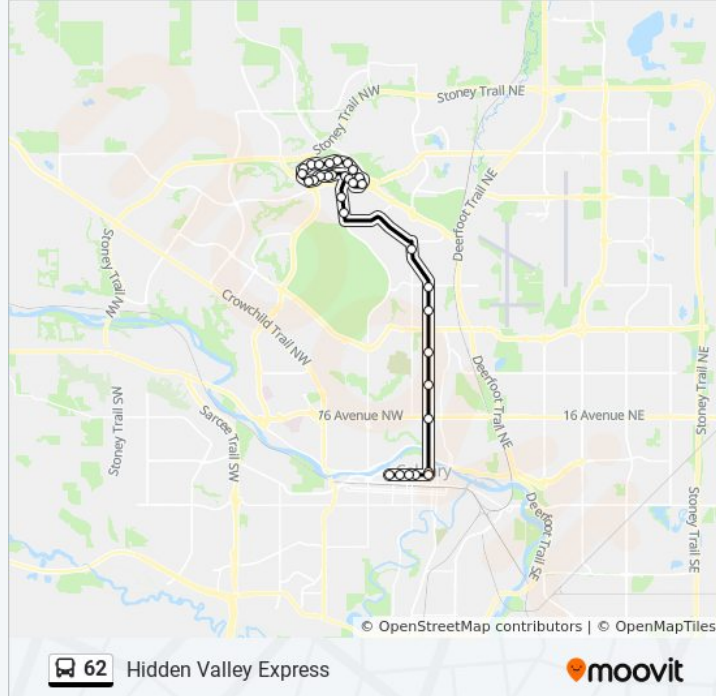

62 bus Info

Direction: City Centre

Stops: 32

Trip Duration: 48 min

Line Summary:

Sb Centre St N @ Northmount Dr N

Sb Centre St N @ 40 Av N

Sb Centre St N @ 28 Av N

Sb Centre St N @ 16 Av N

Sb Centre St S @ 4 Av S

Sb Centre St S @ 5 Av S

Wb 6 Av SW @ 3 St SW

Wb 6 Av SW @ 5 St SW

Wb 6 Av SW @ 7 St SW

Wb 6 Av SW @ 9 St SW

Direction: Hidden Valley Express

32 stops

[VIEW LINE SCHEDULE](#)

Eb 5 Av SW @ 9 St SW

Eb 5 Av SW @ 8 St SW

Eb 5 Av SW @ 6 St SW

Eb 5 Av SW @ 5 St SW

Eb 5 Av SW @ 3 St SW

Nb Centre St S @ 4 Av S

Nb Centre St N @ 16 Av N

Nb Centre St N @ 28 Av N

Nb Centre St N @ 40 Av N

Nb Centre St N @ 56 Av N

Nb Centre St N @ 64 Av N

Nb Centre St N @ 78 Av N

Nb 14 St NW @ Macewan Dr

Nb 14 St NW @ Sandarac Dr
────────────────
Repeat all the material exactly, but keep pictures out of the copy.

62 bus Info

Direction: City Centre

Stops: 32

Trip Duration: 48 min

Line Summary:

Sb Centre St N @ Northmount Dr N

Sb Centre St N @ 40 Av N

Sb Centre St N @ 28 Av N

Sb Centre St N @ 16 Av N

Sb Centre St S @ 4 Av S

Sb Centre St S @ 5 Av S

Wb 6 Av SW @ 3 St SW

Wb 6 Av SW @ 5 St SW

Wb 6 Av SW @ 7 St SW

Wb 6 Av SW @ 9 St SW

Direction: Hidden Valley Express

32 stops

[VIEW LINE SCHEDULE](#)

Eb 5 Av SW @ 9 St SW

Eb 5 Av SW @ 8 St SW

Eb 5 Av SW @ 6 St SW

Eb 5 Av SW @ 5 St SW

Eb 5 Av SW @ 3 St SW

Nb Centre St S @ 4 Av S

Nb Centre St N @ 16 Av N

Nb Centre St N @ 28 Av N

Nb Centre St N @ 40 Av N

Nb Centre St N @ 56 Av N

Nb Centre St N @ 64 Av N

Nb Centre St N @ 78 Av N

Nb 14 St NW @ Macewan Dr

Nb 14 St NW @ Sandarac Dr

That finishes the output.